Existing status force=False (default) force=True
No row Execute, cache result Execute, cache result
failed Re-execute, overwrite Re-execute, overwrite
running Raise ConcurrentStepError Execute, overwrite
completed Return cached result Re-execute, overwrite

Concurrent Execution Protection

DurableStep is designed for sequential orchestration: one orchestrator calls steps one after the other.

Calling the same step from two concurrent tasks at the same time is detected atomically (via INSERT … ON CONFLICT DO UPDATE … WHERE status = 'failed') and raises ConcurrentStepError on the losing caller rather than silently double-executing:

from aksara.workflows import ConcurrentStepError

try:
    result = await step.run("send_invoice", generate_invoice)
except ConcurrentStepError:
    # Another caller already holds this step.
    # Wait and re-read, or surface the error upstream.
    ...

If the winning caller completes before the loser re-reads, the loser transparently returns the cached result instead of raising.

Result Format

By default, durable results must be JSON-serializable.
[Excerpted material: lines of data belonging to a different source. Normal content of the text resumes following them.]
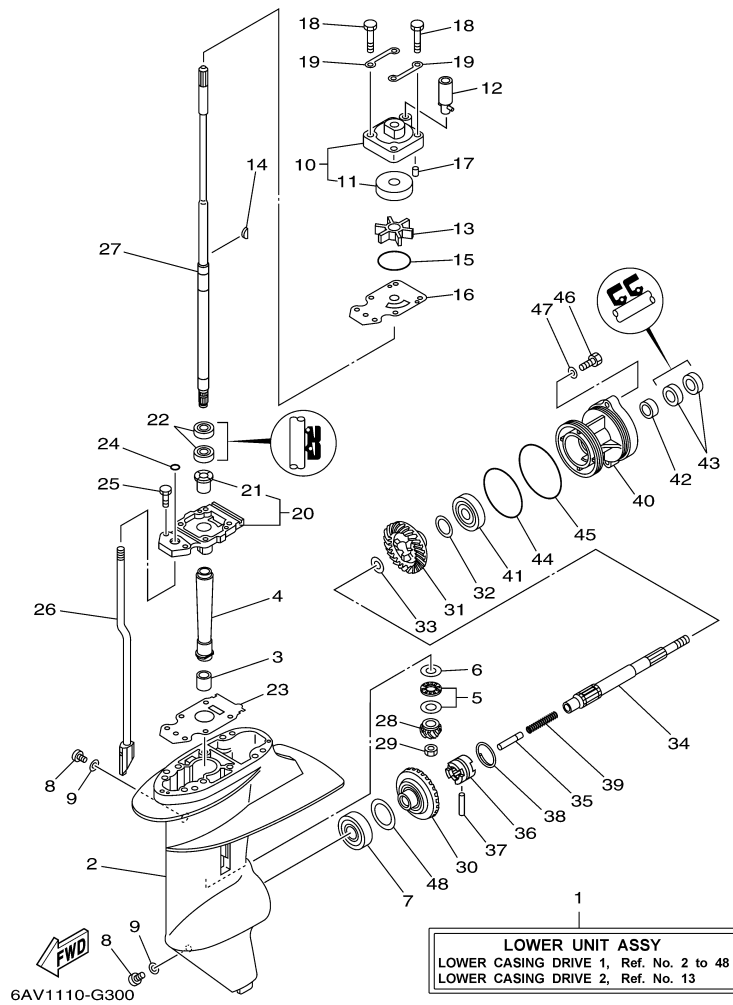

T9.9GPXR 0409 / LOWER CASING DRIVE 1

Part List

T9.9GPXR 0409 / LOWER CASING DRIVE 1

REF - NO	PART NUMBER	PART NAME	QUANTITY	REMARKS
1	69G-45300-21-4D	LOWER UNIT ASSY	1	X(24.3")
2	66R-45311-01-4D	CASING, LOWER	1	
3	93315-314V8-00	BEARING	1	
4	66R-45536-00-00	SLEEVE, DRIVE SHAFT	1	
5	93341-41416-00	BEARING	1	
6	66R-45587-10-00	SHIM (T:1.20MM)	1	UR
6	66R-45587-00-00	SHIM (T:1.13MM)	1	UR
7	93332-00005-00	BEARING	1	
8	90340-08002-00	PLUG, STRAIGHT SCREW	2	
9	90430-08020-00	.GASKET	2	
10	63V-44301-00-00	WATER PUMP HOUSING COMP.	1	
11	63V-44322-00-00	.INSERT, CARTRIDGE	1	
12	68T-44366-00-00	.DAMPER, WATER SEAL 2	1	
13	63V-44352-01-00	.IMPELLER	1	
14	664-44338-00-00	.KEY, WOODRUFF	1	
15	93210-44398-00	.O-RING	1	
16	68T-44323-00-00	.OUTER PLATE, CARTRIDGE	1	
17	93604-12M07-00	PIN, DOWEL	2	
18	97080-08045-00	BOLT	4	
19	63V-44328-00-00	PLATE	2	
20	69G-45331-01-5B	HOUSING, BEARING	1	
21	626-45316-09-00	.BUSHING, DRIVE SHAFT	1	
22	93101-20048-00	.OIL SEAL	2	
23	69G-45315-A0-00	.PACKING, LOWER CASING	1	
24	93210-06ME6-00	.O-RING	1	
25	97080-08025-00	BOLT	2	
26	69G-44150-20-00	SHIFT CAM ASSY	1	X(24.3")
27	69G-45510-20-00	DRIVE SHAFT ASSY	1	X(24.3")
28	66R-45551-00-00	PINION (13T)	1	
29	90179-08M06-00	NUT	1	
30	66R-45560-01-00	GEAR 1 (38T)	1	
31	66R-45571-00-00	GEAR 2 (38T)	1	
32	626-45577-00-00	SHIM (T:0.10MM)	1	UR
32	626-45577-10-00	SHIM (T:0.20MM)	1	UR
32	626-45577-40-00	SHIM (T:0.50MM)	1	UR
32	626-45577-30-00	SHIM (T:0.40MM)	1	UR
32	626-45577-20-00	SHIM (T:0.30MM)	1	UR
33	90201-17682-00	WASHER, PLATE	1	
34	683-45611-00-00	SHAFT, PROPELLER	1	
35	650-45635-00-00	PLUNGER, SHIFT	1	
36	69G-45631-00-00	CLUTCH, DOG	1	
37	90250-05010-00	PIN, STRAIGHT	1	
38	648-45633-00-00	RING, CROSS PIN	1	
39	90501-14M09-00	SPRING, COMPRESSION	1	
40	66R-45361-00-4D	CAP, LOWER CASING	1	
41	93306-00501-00	BEARING	1	
42	93315-317U2-00	BEARING	1	
43	93101-17054-00	.OIL SEAL	2	
44	93210-74M68-00	.O-RING	1	
45	93210-74316-00	.O-RING	1	
46	97095-06025-00	BOLT	2	
47	92995-06600-00	WASHER	2	
48	626-45577-00-00	SHIM (T:0.10MM)	1	UR
48	626-45577-10-00	SHIM (T:0.20MM)	1	UR
48	626-45577-40-00	SHIM (T:0.50MM)	1	UR
48	626-45577-30-00	SHIM (T:0.40MM)	1	UR
48	626-45577-20-00	SHIM (T:0.30MM)	1	UR

Part Notes

T9.9GPXR 0409 / LOWER CASING DRIVE 1
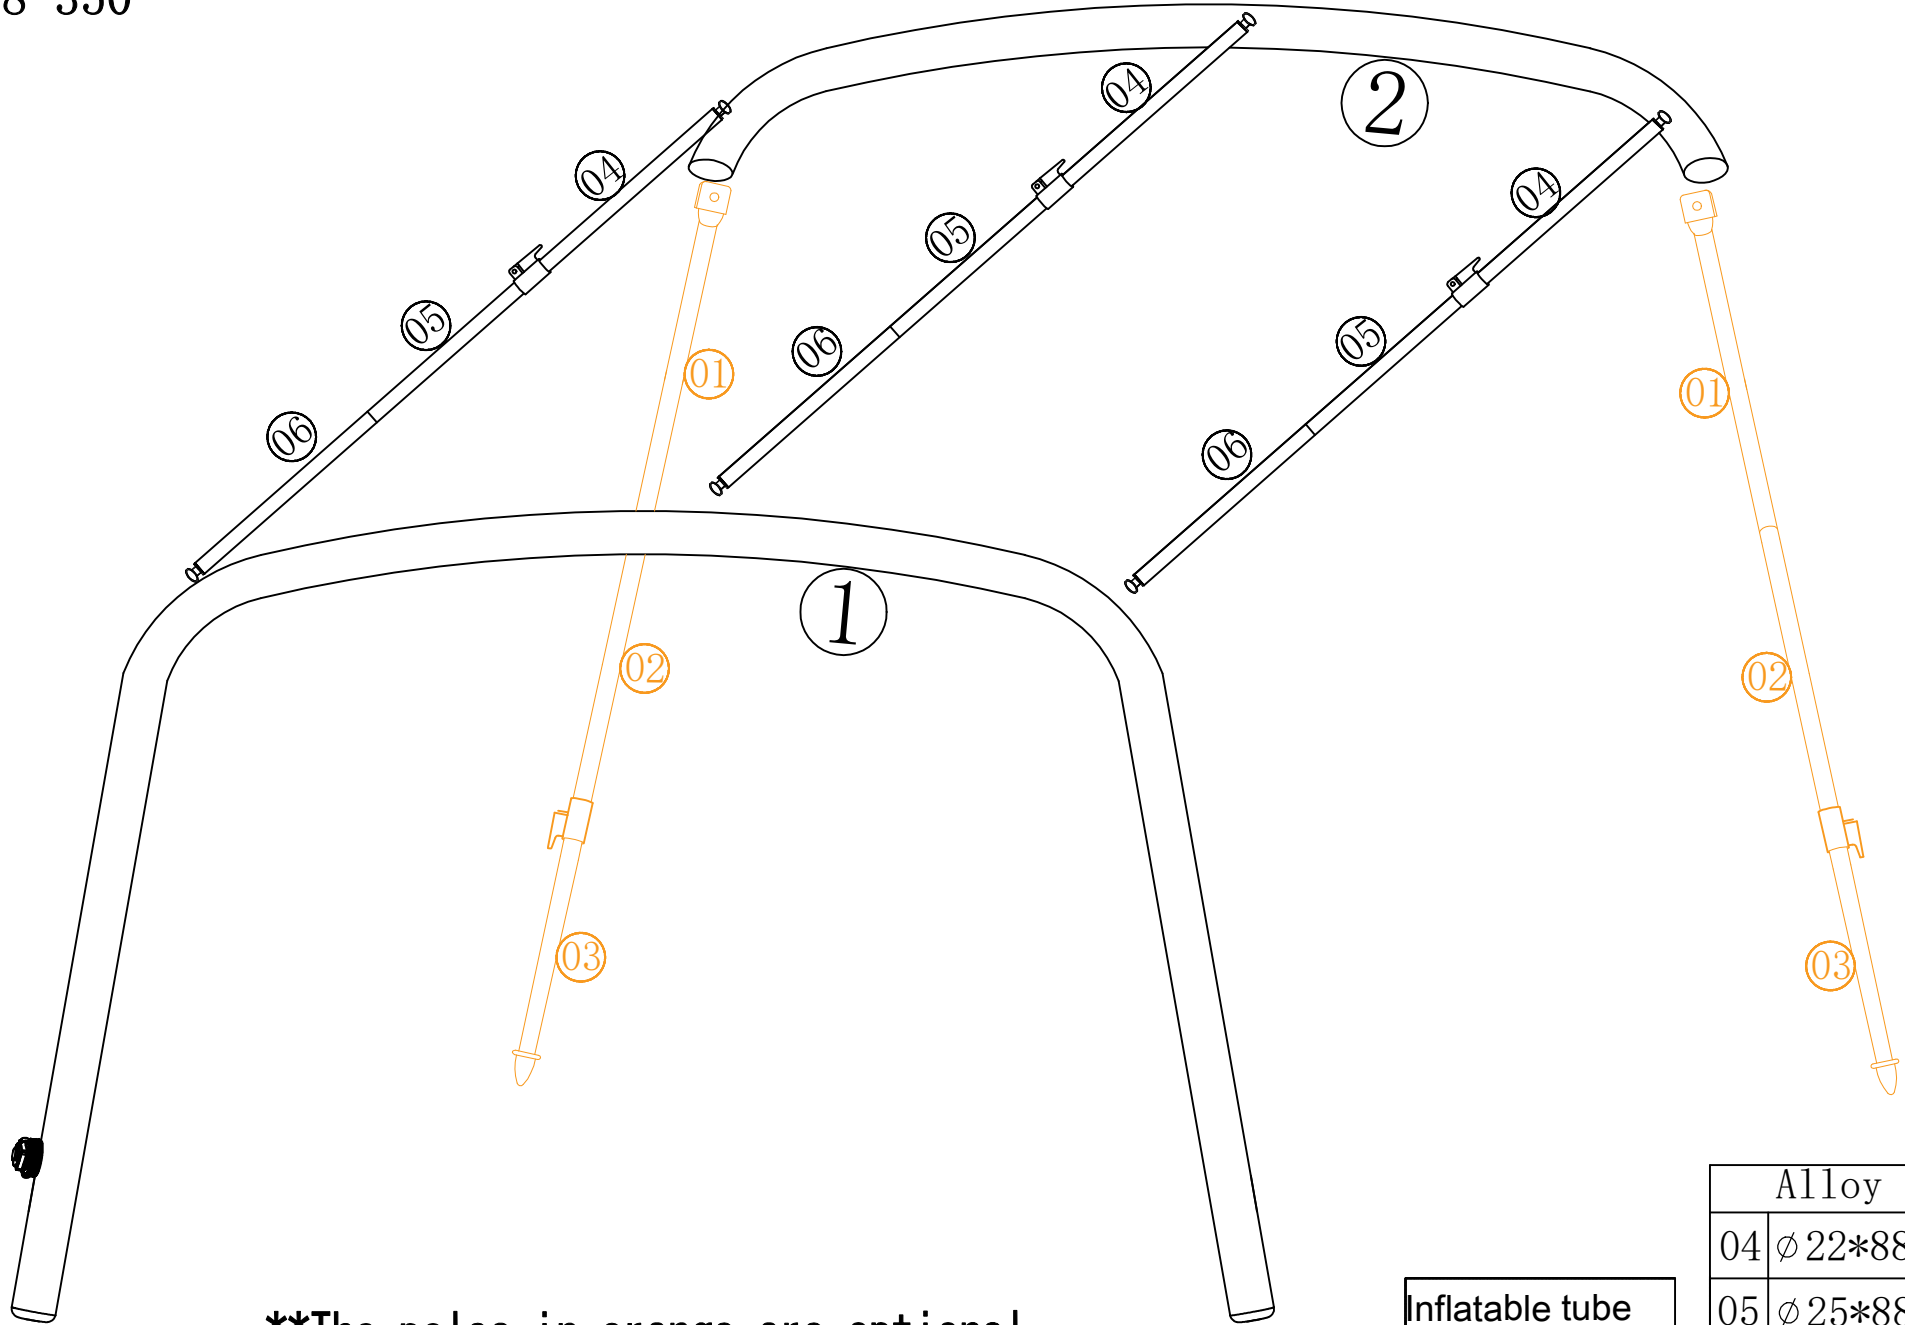

# Air Tube Assembly

SL5048-350

**\*\*The poles in orange are optional**

Inflatable tube
01+02

Alloy leg		
04	∅ 22*880	3
05	∅ 25*880	3
06	∅ 25*880	3

Common values like:

  • dictionaries and lists
  • strings, numbers, and booleans
  • UUIDs and datetimes
  • dataclasses and Pydantic models

are normalized automatically before being persisted.

If you need a different encoding strategy, pass custom serializer and deserializer callables when constructing DurableStep:

import pickle, base64

step = DurableStep(
    "wf-ml-pipeline",
    serializer=lambda v: base64.b64encode(pickle.dumps(v)).decode(),
    deserializer=lambda v: pickle.loads(base64.b64decode(v)),
)

Clearing Step State

await step.clear("generate_code")   # clear one step
await step.clear()                  # clear all steps for this workflow_id

Operational Notes

  • ContentType rows are synced on app startup and cached in memory for fast resolution.
  • DurableStep creates aksara_durable_state lazily on first use.
  • The step claim is atomic — INSERT … ON CONFLICT DO UPDATE … WHERE — so concurrent callers never both execute the same step.
  • Both features rely on PostgreSQL-managed internal tables, so no extra service is required.